For starters, let me state that is likely an enhancement request, and I’m not sure how it would be achieved given Gradle’s approach. But I would like to share the idea. And if there’s a better way to share the idea, please let me know.
If build artifacts can be retrieved via the Gradle build cache, it would be interesting to see if there’s a way to “short-circuit” the process and limit execution to a minimal set of tasks.
Consider the following long strings of dependent tasks: A -> B -> C -> D -> E -> … -> X -> Y -> Z
Suppose all tasks are cacheable, and I execute all tasks, but then clean the local outputs. Then I instruct Gradle to run task “A” again. The expectation is that all tasks would have cache hits.
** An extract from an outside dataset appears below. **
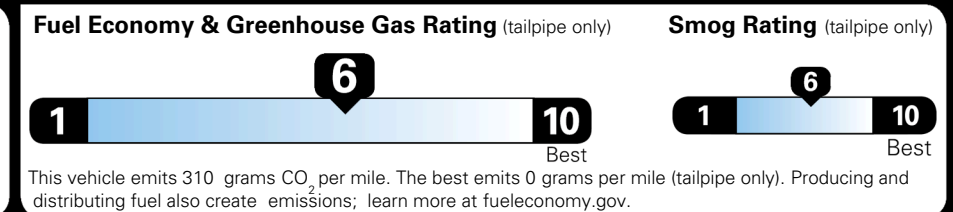

Actual results will vary for many reasons, including driving conditions and how you drive and maintain your vehicle. The average new vehicle gets 29 MPG and costs $8,500 to fuel over 5 years. Cost estimates are based on 15,000 miles per year at $ 3.30 per gallon. MPGe is miles per gasoline gallon equivalent. Vehicle emissions are a significant cause of climate change and smog.

fueleconomy.gov

Calculate personalized estimates and compare vehicles

In the current Gradle model, Gradle will pull the output of Z from the cache, figure out that Y can be cached, pull the output of Y from the cache, then X, then … all the way up.
In the end, Gradle will have pulled dozens of outputs from the cache. If all the outputs are small and the cache is local, it’s not such a big deal. But if the outputs are large and/or the cache is over a slower link, then this amounts to downloading and storing a lot of outputs, just to get the one output that we really want. That’s hopefully still better than actually executing all of the tasks, but could there be a more efficient way?
That is, wouldn’t it be cool if Gradle could avoid actually retrieving the outputs of most of the tasks (tasks B-Z), and merely take them into account in the computations of the build cache key, and instead only retrieve the output of the task that we really want?
I recognize that this might not make sense as a default mode of operation, but as something optional, I think it could be great. I have personal use cases in mind, of course.
As mentioned, I’m not sure how this would be achieved. My gut tells me it would be like some sort of “lazy instantiation”, where only the checksum of the cached output was retrieved, but the artifact itself wasn’t actually retrieved and put into place until it was needed by a non-cached task or by a “targeted” task. But I wouldn’t want to dictate implementation!
If there’s a more appropriate forum to discuss this idea, please let me know.